Bello, a left-wing politician who has not fared well in voter-preference polls ahead of the elections, said the fight, which Pacquiao declared would be his last, should be postponed until after the elections.

Pacquiao, 37, has not fought since losing to Floyd Mayweather Jr last May in the richest fight ever.

Pacquiao reportedly made more than $US100 million ($A139.92 million) for the bout and is guaranteed $US20 million to fight Bradley.

The eight-division champion is the Philippines’ most famous athlete. He has represented Sarangani province in the Philippines’ House of Representatives since May 2010, though he has drawn criticism for seldom showing up for legislative duties.

Pacquiao will face Bradley at the MGM Grand Garden Arena in Las Vegas on April 9, completing a trilogy between two of the world’s top welterweights.

Bradley won a hotly disputed split decision over Pacquiao in their first meeting in June 2012 but Pacquiao won by unanimous decision in the April 2014 rematch.

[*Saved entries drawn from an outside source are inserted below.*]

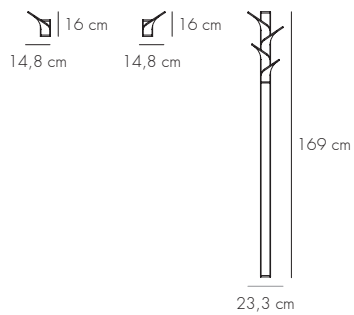

ELX

Vicent Martínez. 1997

FINISHES. ACABADOS

METALLIC LACQUERED FINISH

FRAME. ESTRUCTURA
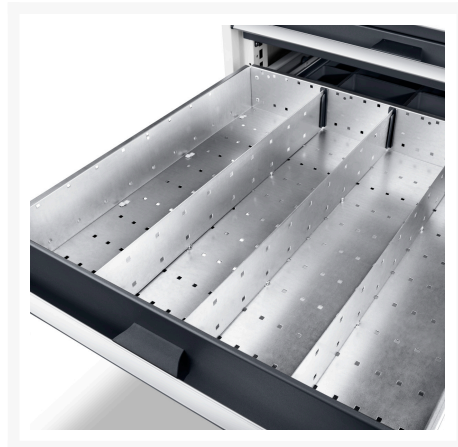

## Description

Jeu de Separateurs ETS-13575 16 16 Compartiments  
LxPxH: 1300x525x75mm Zingué

## Informations Complémentaires

Largeur	1175
Profondeur	400
Hauteur	52
Numé	94032080
Matériau du produit	Tôle d'acier
Surface de produit	Galvanisé
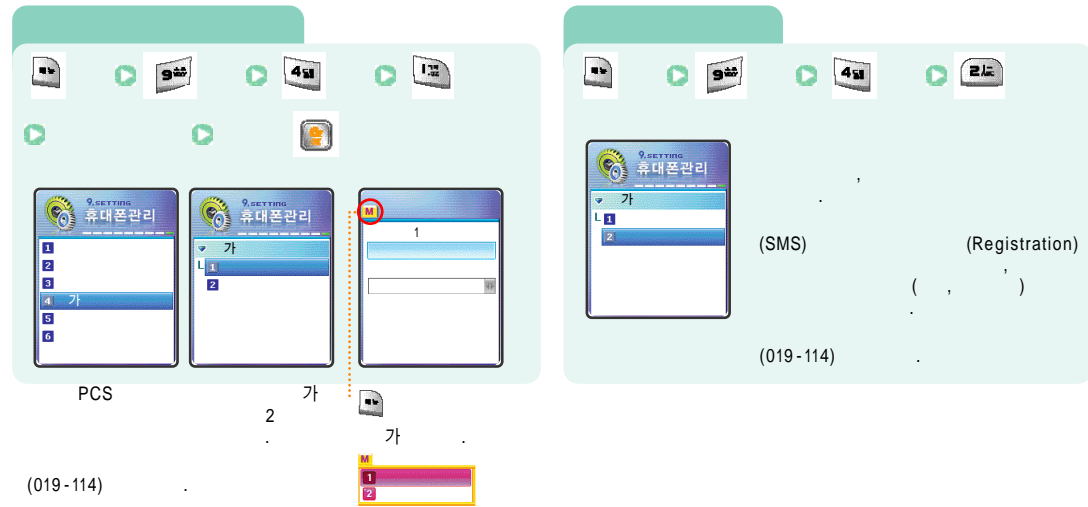

15

충만한 선물, 부가서비스, 다양한 정보를 살펴볼 수 있습니다.

휴대폰관리

.....	.180
.....	.181
.....	.182
가185
.....	.186
.....	.186

()

가

/

16

부록

PC Sync	188	208
musicON2 MP3 Manager	194	209
	198	211
	200	For Foreigner 213
	201	216
()	202	217
	203	218
	204	220
	205	225
	206	

PC Sync

PC Sync

PC가

가

가

(
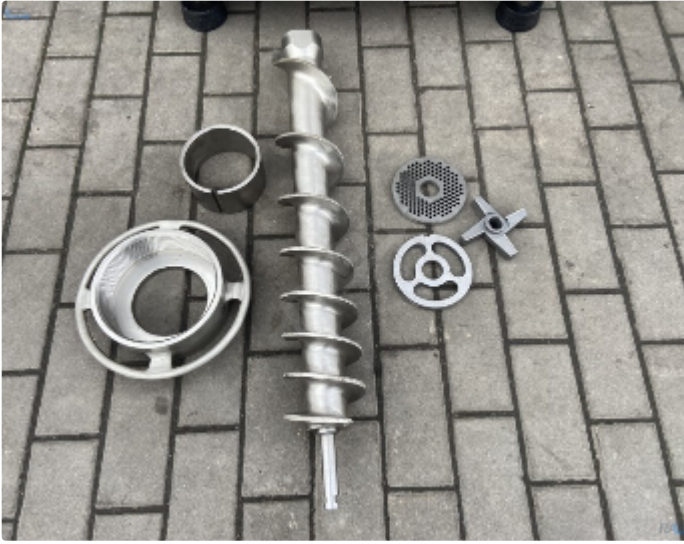

Marka:	Spomasz
Typ:	130
Moc:	11 kW

Opis

Wilk masarski firmy **Spomasz** o średnicy gardzieli **130 mm** oraz mocy 11 kW

Świetnie nadaje się do małych, średnich i dużych przedsiębiorstw

Wydajność wilka to około 1200 kg / h

W komplecie całe **nierdzewne** oprzyrządowanie: ślimak, noże, szarpak, dystans oraz siatki 3', 5', 8'

Posiadamy wszelkie nowe części zamienne do tego modelu

Dodatkowe fotografie przedmiotu

Oferta ta może ulec zmianie i nie jest wiążąca. Zmiany, błędy i uprzednia sprzedaż wyraźnie zastrzeżone.
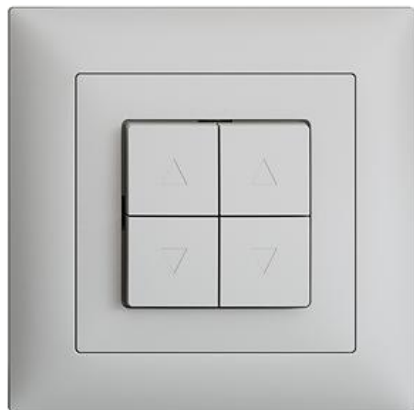

## EDIZIOdue colore

Set de recouvrement Pour interrupteur et contact pour stores

### couleur:

 crema

 coffee

 noir

 blanc

 gris clair

 gris foncé

### Assortiment:

 F

 FMI

**Feller-NR:** 920-7594.FMI.65

**E-NR:** 378 893 030

**EAN:** 7611386007069

Set de recouvrement - Pour interrupteur et contact pour stores - Avec 4 touches - Avec cadre de recouvrement - FMI - gris clair

**version:** autre

**sans halogène:** Oui

**utilisation:** store

**qualité du matériau:** matière thermoplastique

 **finition de la surface:** mat

**approprié pour indice de protection (I** IP20

**matériau:** matière synthétique
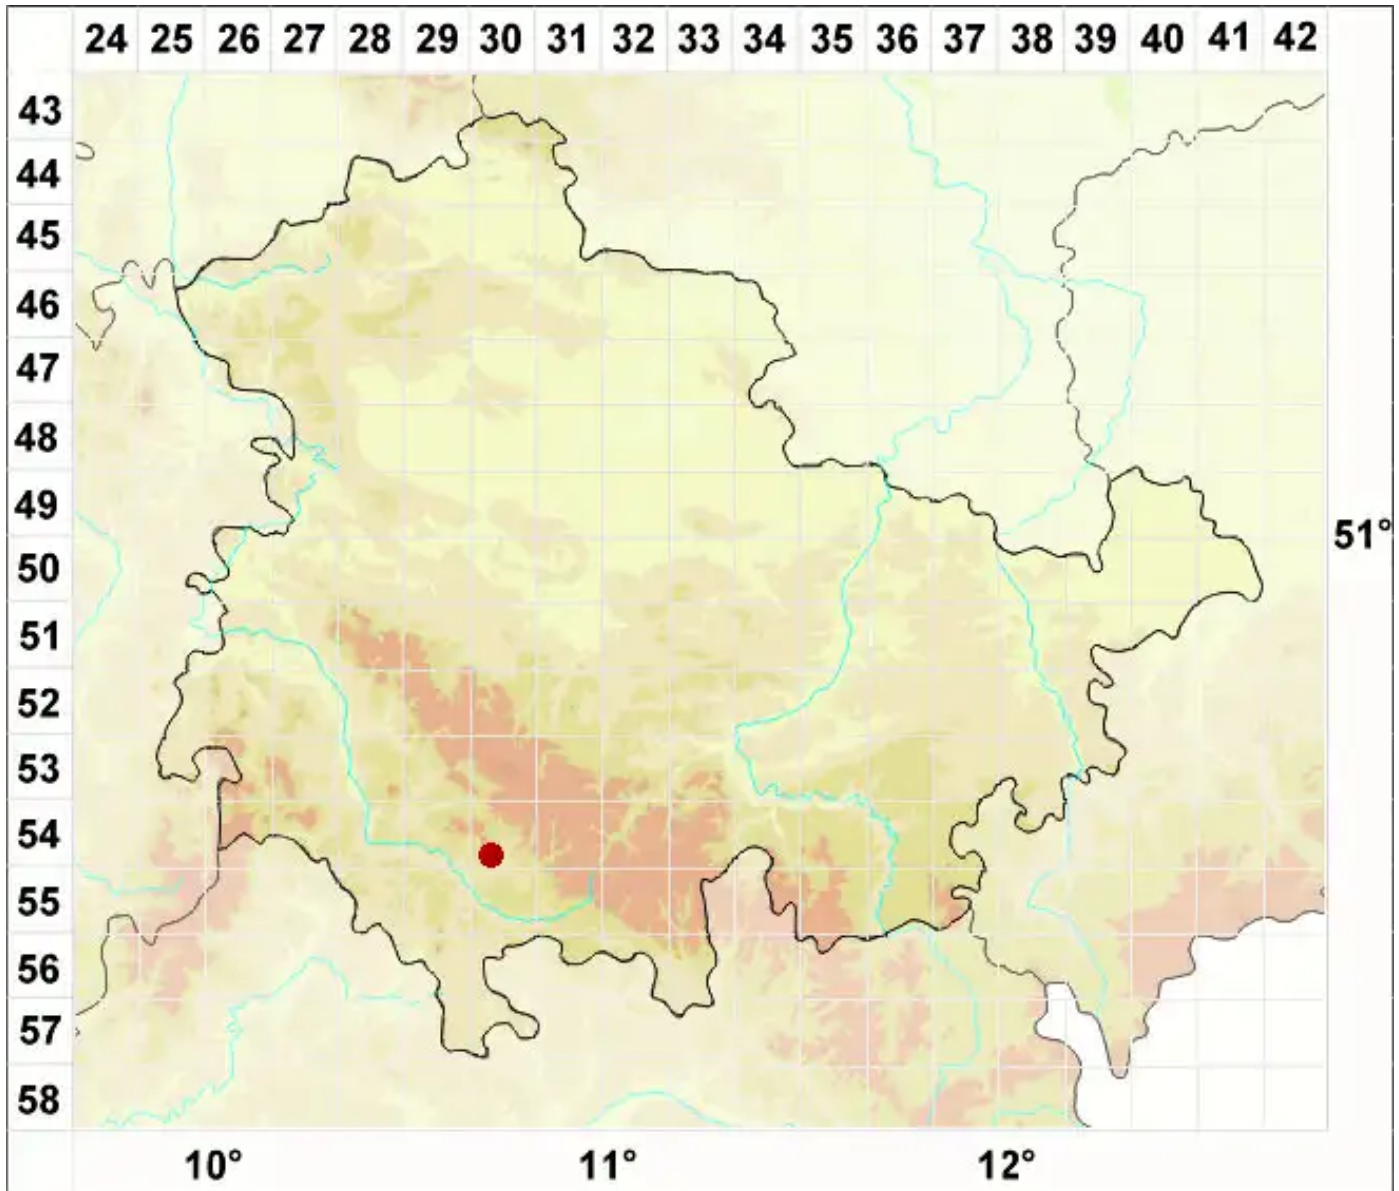

Heterodermia leucomelos (L.) Poelt

Schwarzweiße Wimpernflechte

Legende:

- Symbole:**
- Ausgefülltes Symbol:
Zeitraum von 1980 bis heute (Aktuelle Angabe)
 - Leeres Symbol:
Zeitraum vor 1980 (Altangabe)
 - Quadrat: Herbarbeleg
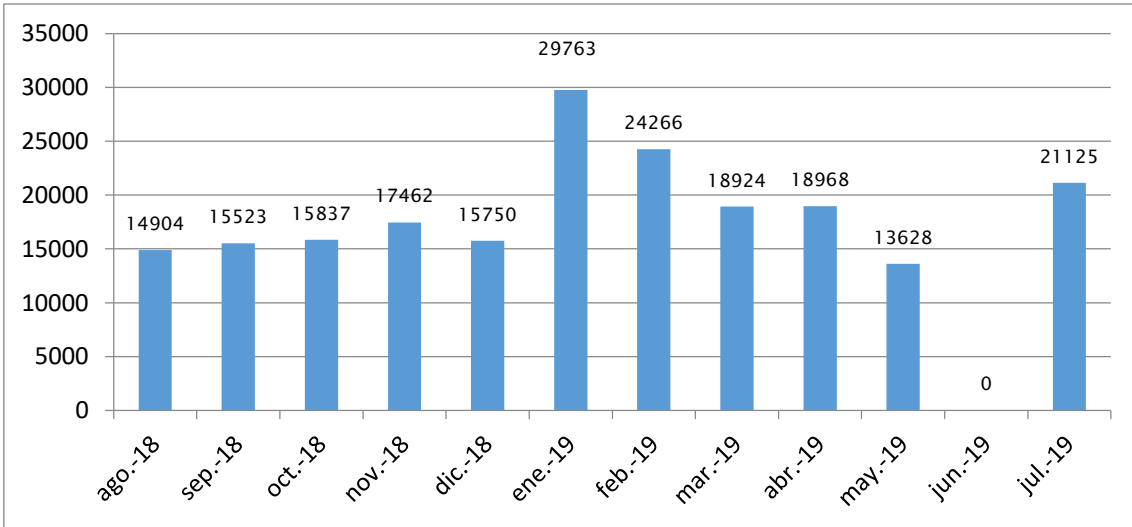

## evolución crelap recolectado puntos de entrega voluntaria

## evolución ventas por persona últimos 12 meses

### evolución 12 meses recolección puntos de entrega voluntaria grupo exmaritas

**Evolución ventas grupo Maritas**

El mes en cero corresponde a un mes sin información.

The Bible-quoting Pacquiao has been embroiled in controversy recently for saying that people in same-sex relations are “worse than animals”.

In response to the remark, apparel giant Nike said it would no longer have any business dealings with Pacquiao, who has since apologised.

Bello says he is not seeking Pacquiao’s disqualification as a senatorial candidate but wants the elections commission to take action on the complaint.